● **Required action**:
Go through the entries below and print each one exactly, leaving out pictures.

Records excerpted from a collection:
•••••

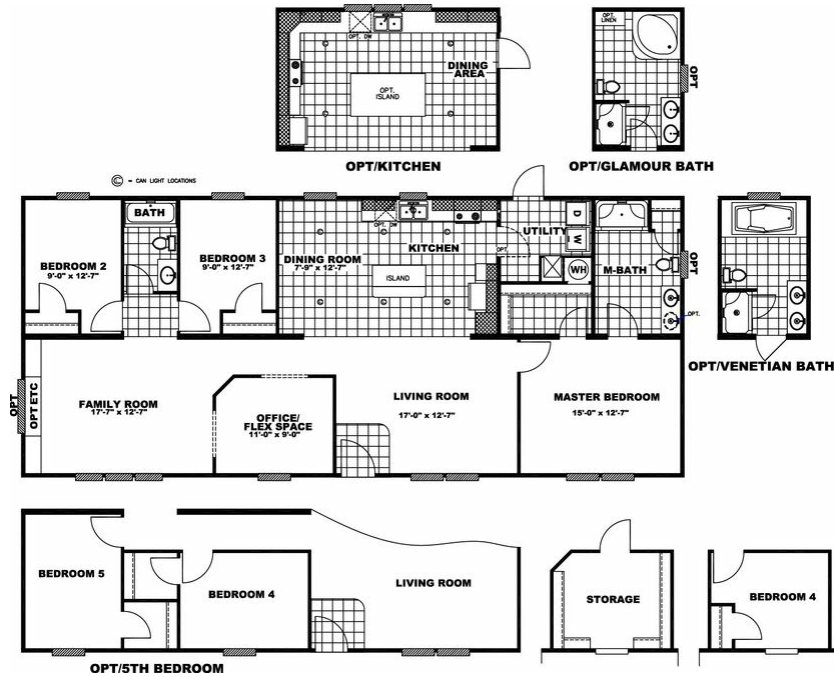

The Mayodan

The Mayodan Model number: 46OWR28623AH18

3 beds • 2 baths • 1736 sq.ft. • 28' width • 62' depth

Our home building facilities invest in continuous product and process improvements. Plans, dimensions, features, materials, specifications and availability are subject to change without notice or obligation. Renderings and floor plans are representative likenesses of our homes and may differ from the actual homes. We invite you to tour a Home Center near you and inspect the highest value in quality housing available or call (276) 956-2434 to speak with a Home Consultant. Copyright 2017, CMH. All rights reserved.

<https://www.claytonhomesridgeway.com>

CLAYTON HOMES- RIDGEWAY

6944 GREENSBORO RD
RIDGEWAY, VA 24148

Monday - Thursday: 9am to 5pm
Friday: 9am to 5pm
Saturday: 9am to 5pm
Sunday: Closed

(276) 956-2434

•••••

● **The completed task**:
The Mayodan

The Mayodan Model number: 46OWR28623AH18

3 beds • 2 baths • 1736 sq.ft. • 28' width • 62' depth

Our home building facilities invest in continuous product and process improvements. Plans, dimensions, features, materials, specifications and availability are subject to change without notice or obligation. Renderings and floor plans are representative likenesses of our homes and may differ from the actual homes. We invite you to tour a Home Center near you and inspect the highest value in quality housing available or call (276) 956-2434 to speak with a Home Consultant. Copyright 2017, CMH. All rights reserved.

<https://www.claytonhomesridgeway.com>

CLAYTON HOMES- RIDGEWAY

6944 GREENSBORO RD
RIDGEWAY, VA 24148

Monday - Thursday: 9am to 5pm
Friday: 9am to 5pm
Saturday: 9am to 5pm
Sunday: Closed

(276) 956-2434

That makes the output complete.